On the last Friday night of September, Mariachi Plaza was bursting with beautiful music and enticing aromas. It’s always bustling on a weekend, but this night was different.
Hundreds of cheerful street vendors, advocates, and supporters were gathered to celebrate the signing of SB 972 by Governor Gavin Newsom, which modernized the California Retail Food Code to be inclusive of street vendors.
This moment was special for street vendors in California. They made history by organizing, mobilizing, and fighting for their rights. This is a victory that will be retold alongside other stories of social justice movements, like the Justice for Janitors campaign and the United Farm Workers movement.
As I walked along all the food stands, I connected with vendors, community organizers, and other leaders who led this fight. Many of these leaders participated in the creation of the statewide coalition that won SB 972, and many were the same community members I once worked alongside.
In 2018, I had the opportunity to organize with vendors in Boyle Heights and the San Fernando Valley. For years, street vendors had been fighting criminalization and harassment. As one of two organizers on the ground, we prioritized co-organizing demonstrations with vendors when they were attacked or swept by the city. The saying I heard on the frontline was: if they mess with one of us, they mess with all of us.
Si se meten con una hormiga se meten con el hormiguero.
The fight for street vendors was a fight for dignity. The road to SB 972 was paved by vendors’ relentless organizing, participation in forums and city council meetings, and one-on-one conversations with leaders throughout the region. These vendors stirred up “good trouble” in the form of civil disobedience, flooding council members’ offices, taking-over streets, and demonstrating at police stations. These countless years of organizing are what got SB 972 across the finish line.

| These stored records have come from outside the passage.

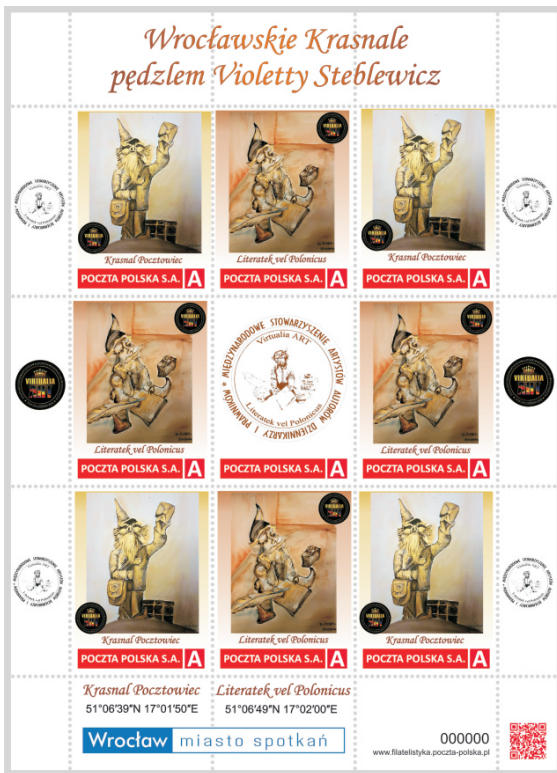

# Wydawnictwa Wrocławskie Krasnale

Karta okolicznościowa nr 11/Wrocław „Krasnal Literatek vel Polonicus”:

Karta okolicznościowa nr 12/Wrocław „Krasnal Pocztowiec”:

Datowniki stałe ozdobne ze zmienną data „Filatelistyka to moje hobby” z Krasnałem Pocztowcem:

MójZNAZCZEK wzór nr 1:

MójZNAZCZEK wzór nr 2:

MójZNAZCZEK wzór nr 3:
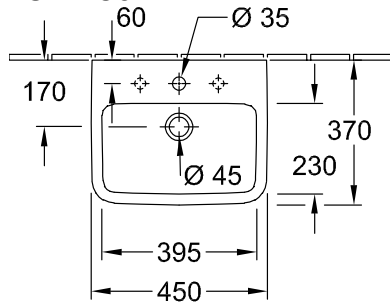

ТЕХНИЧЕСКИЕ ЧЕРТЕЖИ

43444J01

43444J01
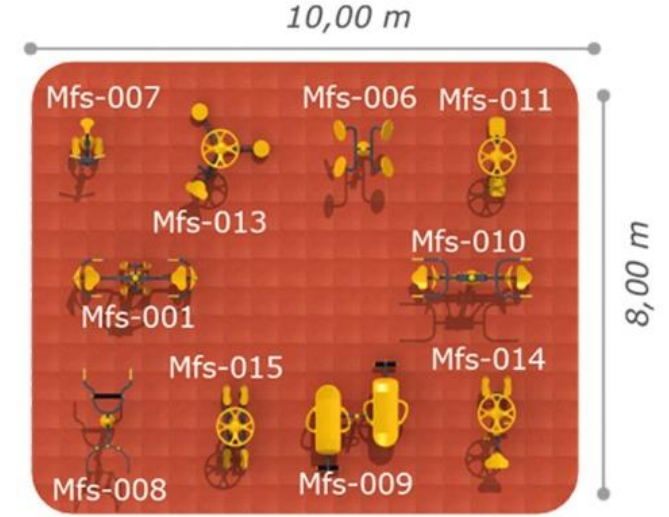

Activities / Aktiviteler

- Mfs-001 | Leg pushing build up equipment
  Bacak güçlendirme aleti
- Mfs-006 | Arm stretching equipment
  Kol çalıştırma aleti
- Mfs-007 | Jockey equipment
  Jokey aleti
- Mfs-008 | Massage equipment
  Masaj aleti
- Mfs-009 | Body building sit-up equipment
  Mekik Aleti
- Mfs-010 | Pull-down equipment
  Vücut geliştirme aleti
- Mfs-011 | Hip and waist stretching equipment
  Kalça ve bel kasları güçlendirme aleti
- Mfs-013 | Waist and leg stretching equipment
  Bel ve bacak kasları güçlendirme aleti
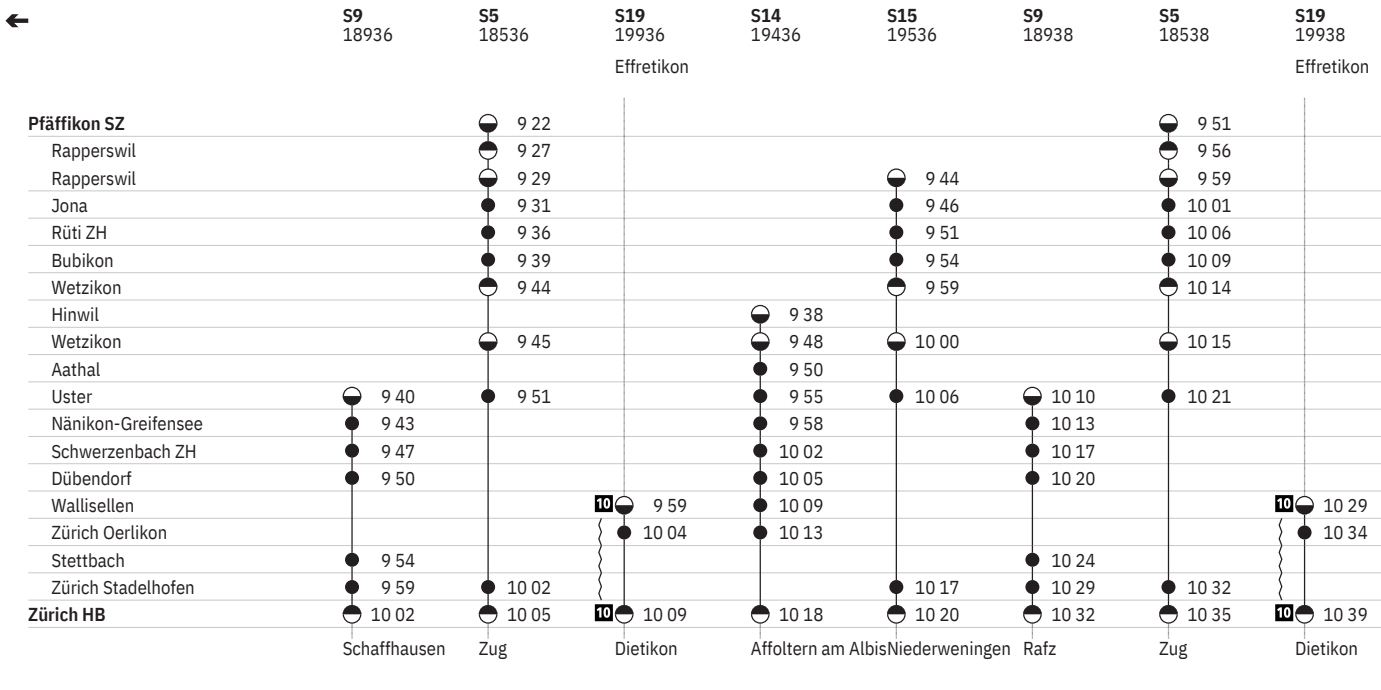

740 Hinwil - Wetzikon - Uster - Zürich
Pfäffikon SZ - Rapperswil - Wetzikon - Uster - Zürich

Stand: 17. Oktober 2019

Before leaving Mariachi Plaza, I stopped and spoke with Caridad Vasquez, a seasoned vendor leader who has long been involved in this fight. We made plans to speak the following week to talk about the impact of SB 972 and what this bill would mean for her.
She told me, “finally, justice was done for all street vendors, we can finally make a living legally. For so long, politicians and critics said that a food permit would not be possible, but here we are!”
Caridad has been a street vendor for over 40 years and has been part of the street vendor justice movement since the early 2000’s, when the LA Street Vendor Campaign was just taking shape. She was rejoiceful and looking forward to the work her organization Vendedores en Acción (Vendors in Action) will be involved in the following months.
She says, “many of us are recovering from the pandemic, some of us are still unemployed, others are behind on rent, and people’s recovery from the pandemic means supporting sidewalk vending.”
Caridad stresses that we should support the street vendor movement and continue to ensure a just implementation takes shape.
“Messing with the local sidewalk vendors means messing with all of us – we can all play a part by stopping injustice when we see it happen, we have a duty to contact elected officials and demand they continue to support the working people of our communities.”
Caridad is correct. Many vendor leaders like her are preparing at this moment to ensure implementation of SB 972 is a just one. Across the state, from Oakland to San Bernardino vendors and community advocates are assembling. This is just the beginning of another chapter in the story of this movement.
Until then, we should stand by and be ready to join the fight because… si se meten con una hormiga se meten con el hormiguero.